The 2011 Heritage Tour ended this weekend after a visit to Worms, famous for Luther’s trial, and a delightful drive along the Rhine where we encountered yet another outstanding woman who counselled and reprimanded popes and emperors– the formidable figure of Hildegard of Bingen.
This gifted and prodigious abbess was the last of a number of significant women in church history we met on this year’s tour.
• Last weekend in Herrnhut we visited the grave of Anna Nitschmann (1715-1760) in Gottes Akker, the Herrnhut cemetery. She was the second wife of Count Nicolas von Zinzendorf, the leader of the new Moravian movement, after the death of Dorothea with whom he was married for 34 years, and who bore him 12 children.
Anna’s marriage to the count for the last three years of his (and her) life was rather startling for several reasons: she was 15 years his junior, she was a commoner and Dorothea had only died a year earlier. But Anna was a remarkable young woman when she first joined the Hernnhut community. Only 12 years old when the community had experienced a spiritual renewal in 1727, she was at the forefront of organising worship and ministry among the young women of Herrnhut. At age 15 she was chosen by lot as elder. When Zinzendorf strongly advised her to refuse the appointment, she respectfully reminded the nobleman that she was accepting the appointment as from the Lord. Three years later she was to become head elder of the community for a season. She engaged in pioneer mission work in America, and wrote more than 30 published hymns.
• Passing on through Prague, Dachau, Augsburg and St Gallen, we arrived in Zurich, a city in which women played a founding role. Two of the city’s three patron saints were Egyptian women, Regula and her servant Exuperantia. The third was Regula’s brother Felix. These three believers, stationed in Helvetia with the Theban legion of the Roman army, were beheaded on the site of the future Zurich for refusing to worship Roman gods. Legend has it that Charlemagne built the Grossmünster on the site of their burial. Charlemagne’s grandson appointed his daughter as abbess of the Fraumünster Abbey on the opposite bank.

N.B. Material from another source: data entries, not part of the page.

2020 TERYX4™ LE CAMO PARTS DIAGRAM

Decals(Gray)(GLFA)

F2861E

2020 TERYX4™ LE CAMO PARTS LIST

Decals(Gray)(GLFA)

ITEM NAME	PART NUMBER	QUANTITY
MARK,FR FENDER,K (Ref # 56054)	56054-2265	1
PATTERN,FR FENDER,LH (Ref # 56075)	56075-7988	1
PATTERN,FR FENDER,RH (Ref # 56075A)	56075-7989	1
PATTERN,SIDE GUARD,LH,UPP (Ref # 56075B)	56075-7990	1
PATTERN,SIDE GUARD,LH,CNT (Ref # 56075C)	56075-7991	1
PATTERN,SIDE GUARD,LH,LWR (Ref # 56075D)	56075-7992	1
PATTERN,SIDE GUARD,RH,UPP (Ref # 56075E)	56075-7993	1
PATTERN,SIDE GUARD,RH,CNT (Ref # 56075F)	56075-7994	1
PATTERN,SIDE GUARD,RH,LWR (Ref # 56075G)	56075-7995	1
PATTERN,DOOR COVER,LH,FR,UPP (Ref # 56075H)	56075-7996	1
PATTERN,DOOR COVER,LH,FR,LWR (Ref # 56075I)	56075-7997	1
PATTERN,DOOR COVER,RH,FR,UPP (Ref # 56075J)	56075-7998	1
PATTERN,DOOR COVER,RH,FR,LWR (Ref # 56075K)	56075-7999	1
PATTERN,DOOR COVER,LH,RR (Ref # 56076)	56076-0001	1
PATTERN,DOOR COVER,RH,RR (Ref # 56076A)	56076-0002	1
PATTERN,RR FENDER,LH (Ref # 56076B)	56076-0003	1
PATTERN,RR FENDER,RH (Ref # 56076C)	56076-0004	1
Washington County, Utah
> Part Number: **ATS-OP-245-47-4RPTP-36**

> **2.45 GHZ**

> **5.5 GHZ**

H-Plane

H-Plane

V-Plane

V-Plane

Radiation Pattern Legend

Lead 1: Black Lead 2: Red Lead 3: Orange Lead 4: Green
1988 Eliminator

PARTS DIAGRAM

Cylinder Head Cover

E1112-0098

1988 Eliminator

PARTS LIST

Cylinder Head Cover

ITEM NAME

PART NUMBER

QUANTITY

Succeding abbesses virtually ruled the growing city as it attracted streams of pilgrims to the site of the saints’ martydom. Later, in 1298, women dressed up in soldiers’ armour and, equipped with spears and shields, frightened off an attack from an Austrian/Hapsburg army. (See mural)
• Via Bern, Thun, Spiez and Gstaad, we arrived at Lac Leman (Lake Geneva), and drove up the spectacular winding road from Montreaux to Caux, to discover Mountain House and the story of Irène Laure. An embittered former socialist member of the French resistance, she had visited this Centre for the Reconciliation of the Nations soon after the end of WW2. But angered by the presence of Germans, she stormed off to her room to pack and leave. Evangelist Frank Buchman, leader of the centre, challenged her to think what sort of Europe could be built without the Germans. She stayed and began to hear stories from Germans who also had suffered greatly under the Nazis. Realising that forgiveness and reconciliation was the only way forward, she publically asked forgiveness for her hatred from all the Germans present. They then invited her to speak at rallies and political meetings all across West Germany, thus helping to create a climate of reconciliation which enabled the foundations of European unity to be laid.
Appropriately, Mountain House was sponsoring a PeaceWomen exhibition stressing the role of women across the world today in transforming conflict parties into conflict partners.
• After Geneva, Bern, Basel and Strasbourg, we headed back to Holland via the Rhine. Bingen is nestled opposite high sloping vineyards, dominated by the restored Benedictine monastery founded by Hildegard (1098-1179) in the 12th century. Poet, writer, composer, theologian, dramatist, botanist, mystic, preacher and pioneer of herbal medicine, Hildegard conducted preaching tours from Cologne to Stuttgart.
She engaged in vigorous correspondence with popes, emperors and other spiritual leaders across Europe and was sought after for advice by people of all rank and none.
Next to a fascinating museum featuring her life and work, a hedged ‘Hildegarten’ introduced to us the many plants and vegetables which Hildegard had identified as having healing properties.
We concluded our 5000 km pilgrimage keenly aware of an all-too-forgotten heritage of Christian women and men who have shaped our continent.